Orest Martynowych to Launch "The Showman and the Ukrainian Cause" at Oseredok

  • October 29, 2014

Please join University of Manitoba Press for the launch of The Showman and the Ukrainian Cause: Folk Dance, Film, and the Life of Vasile Avramenko (University of Manitoba Press).

When: Wednesday, October 29, 7:00 pm
Where: Oseredok Ukrainian Cultural and Education Centre (184 Alexander Ave. East)
Cost: FREE

Light refreshments will be served…

About the Book
The quixotic and volatile Vasile Avramenko (1895–1981) used folk dance and film in a life-long crusade to promote Ukraine’s struggle for independence to North American audiences. Energetic and charismatic, but also manipulative, impractical and vain, he was a controversial figure for decades.

Born in a village near Kyiv, Avramenko established himself as a performer and dance teacher among Ukrainian émigrés in central Europe. He immigrated to Canada in 1925 and organized a network of Ukrainian folk dance schools by appealing to the new immigrants’ patriotism and to their yearning for cultural survival.
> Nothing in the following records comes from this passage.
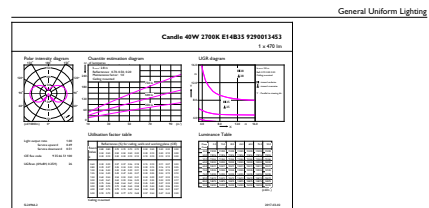

LEDbulb 40W E14 827 FR B35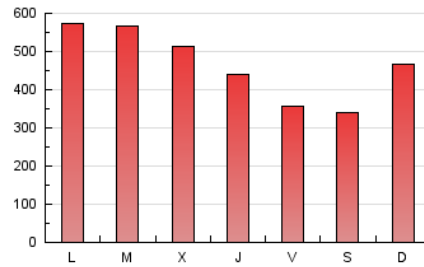

1. Cifras totales y promedios (Nacional)

MES - AÑO	NAVEGADORES UNICOS	VISITAS	PAGINAS
Marzo - 2021	739.270	1.130.227	1.467.795
PROMEDIO DIARIO	32.900	36.459	47.348
PROMEDIO LUNES-VIERNES	35.189	38.993	49.807
PROMEDIO SABADO-DOMINGO	26.320	29.175	40.278
PAGINAS / VISITAS	1,30		
DURACION MEDIA VISITAS	0:01:20		
DURACION MEDIA PAGINAS	0:04:21		

2. Secciones (Nacional)

	PAGINAS	%
HOME	53.308	3.63 %
RESTO	1.414.487	96.37 %

3. Por día del mes (Nacional)

Día	N. únicos	Visitas	Páginas	Día	N. únicos	Visitas	Páginas	Día	N. únicos	Visitas	Páginas
1	47.195	50.879	61.769	11	27.419	29.591	35.697	21	24.169	27.768	53.294
2	94.897	100.096	118.807	12	19.424	22.957	28.841	22	34.119	40.226	59.971
3	29.045	33.310	42.801	13	21.361	23.877	29.677	23	20.729	23.243	33.192
4	50.188	55.217	65.866	14	32.966	36.385	49.850	24	30.014	34.230	46.845
5	30.704	33.456	42.225	15	61.537	67.360	84.471	25	25.545	28.488	37.216
6	28.860	31.239	39.229	16	33.004	36.334	46.192	26	23.482	26.651	34.251
7	38.077	41.359	50.430	17	36.030	40.213	50.468	27	20.858	23.187	29.487
8	33.675	37.193	46.669	18	26.737	30.102	37.462	28	22.909	25.934	33.227
9	30.129	33.867	44.188	19	27.964	31.143	37.764	29	22.484	26.265	33.939
10	32.067	35.132	49.479	20	21.361	23.648	37.033	30	25.269	28.327	40.474
								31	47.691	52.550	66.981

4. Gráficas (Nacional)

4.1 Por día de la semana (promedio)

N. únicos / Visitas (x 100)

Páginas (x 100)

4.2 Por franja horaria (promedio)

Visitas (x 1000)

Páginas (x 1000)

4.3 Por meses

Determined to conquer Broadway, he moved to New York City in 1929, oversaw his expanding web of dance schools, and began to stage elaborate (money-losing) spectacles of dance and music.

By the mid-1930s, Avramenko’s frenetic activities expanded to filmmaking. He called for the creation of a “Ukrainian Hollywood” and begged and borrowed enough money to produce two feature films with director Edgar G. Ulmer, the “king of ethnic and B movies.” After the Second World War Avramenko’s career declined and his last decades were spent traveling as far as Australia and Israel in fruitless attempts to entice sponsors to fund his dance spectacles.

Based on extensive original research, The Showman and the Ukrainian Cause provides a vivid portrait of how culture and politics can intersect in a diaspora community.

Orest T. Martynowych is a historian at the Centre for Ukrainian Canadian Studies, University of Manitoba. He is the author of Ukrainians in Canada: The Formative Years, 1891-1924.